Wahrscheinlich hast du als HR-Fachkraft auch das Gegenteil erlebt?
Es ist leider tatsächlich mehrfach vorgekommen, dass jemand völlig unvorbereitet zum Gespräch erschien. Die Person hat von Aufgaben erzählt, die gar nicht zum Job passten. Das ist schon eher peinlich. Für solche Fälle können HR und Fachbereich im Rekrutierungsprozess ein Zeichen vereinbaren und das Gespräch entsprechend abkürzen.
Wie viel Zeit würdest du für die Vorbereitung aufwenden?
Zwei Stunden oder mehr dürfen für einen Job, den ich wirklich will, schon investiert werden. So kann ich Sicherheit erlangen und zeigen, dass ich wirklich interessiert bin.
Was empfiehlst du bezüglich Kleidung?
Der Look muss zur Unternehmenskultur und zur Funktion passen. Bin ich unsicher, kann ich auf der Website des Unternehmens nach Fotos von Mitarbeitenden suchen. Tendenziell gilt: eher overdressed als underdressed. Und natürlich frisch geduscht sein, Deo verwenden und Haare waschen.
Das klingt, als ob du bezüglich Kleidung in deiner Zeit im HR einiges erlebt hast.

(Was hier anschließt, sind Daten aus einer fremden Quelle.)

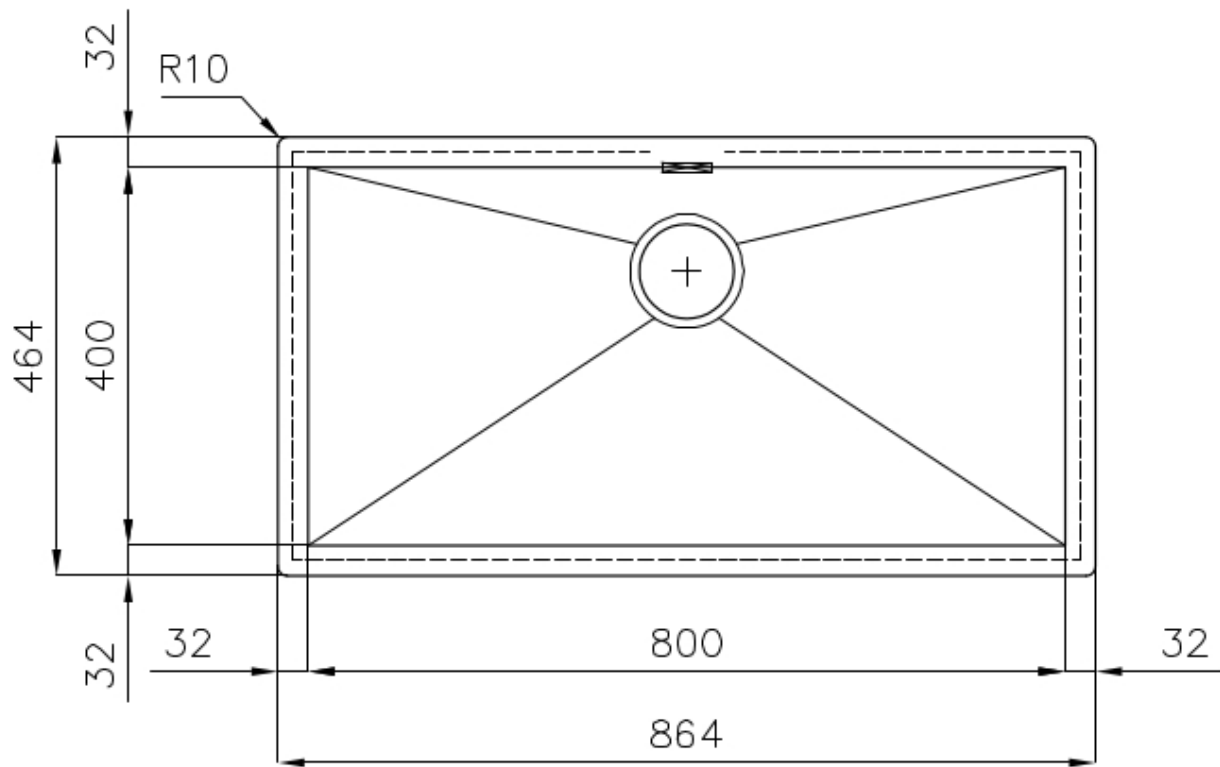

Sink Quadra

Kitchen Sinks

Code: 1218 050

DETAILS

Edge/Installation Type	Flush-mount Top-mount
Finish	Foster brushed
Material	AISI 304 stainless steel
Texture	Brushed in line
Base	90 cm
Dimensions	864x464 mm
Standard fittings	Fixing hooks, gasket, drain, overflow and siphon, boxed packing
Mixer holes	No standard holes
Built-in hole	View technical data sheet

Drainer No

Width 86 cm

Bowl dimension 800x400mm

Number of bowls 1 bowl

Waste fitting 3,5" drain

FEATURES

Diamond-shape bottom The draining of water is an important feature in a sink, and it's always taken good care of in Foster products. In the bent-welded sinks, which would have a flat bottom, the proper draining is guaranteed by the elegant beveling, which helps the water flow.

High thickness 1mm thick steel. A significant thickness, which guarantees the maximum sturdiness and durability.

Basket 3,5" waste fitting The drain is equipped with a large 3.5" drain, with the practical basket cap that prevents the discharge of solid parts.

Deep bowls This bowls reach an important depth, over 20 cm, thanks to the advanced production technology, that can be offer great capieny and practicity in all the washing operations.

TECHNICAL DATA

Lavello serie Quadra cod. 1218/050

Ich habe tatsächlich Bewerber erlebt, die völlig overdressed respektive völlig underdressed zum Gespräch erschienen sind. Beides ist problematisch. Einmal trug ein Bewerber, der sich für eine Stelle im technischen Bereich beworben hat, Anzug und Krawatte. Der Vorgesetzte jedoch hatte Jeans und T-Shirt an. Das war schon etwas unangenehm. Umgekehrt hatten wir einen Bewerber, der sich für eine Stelle im Bereich Social Media interessiert hat, der mit Rollbrett und Rasta zum Gespräch erschien. Der Vorgesetzte trug einen Anzug. Die Stelle hat der Bewerber trotzdem bekommen. Natürlich gibt es auch den Fall, dass sich Vorgesetzte unpassend kleiden. Ich denke da an den Techniker, der im Overall direkt aus der Werkstatt zum Gespräch kam.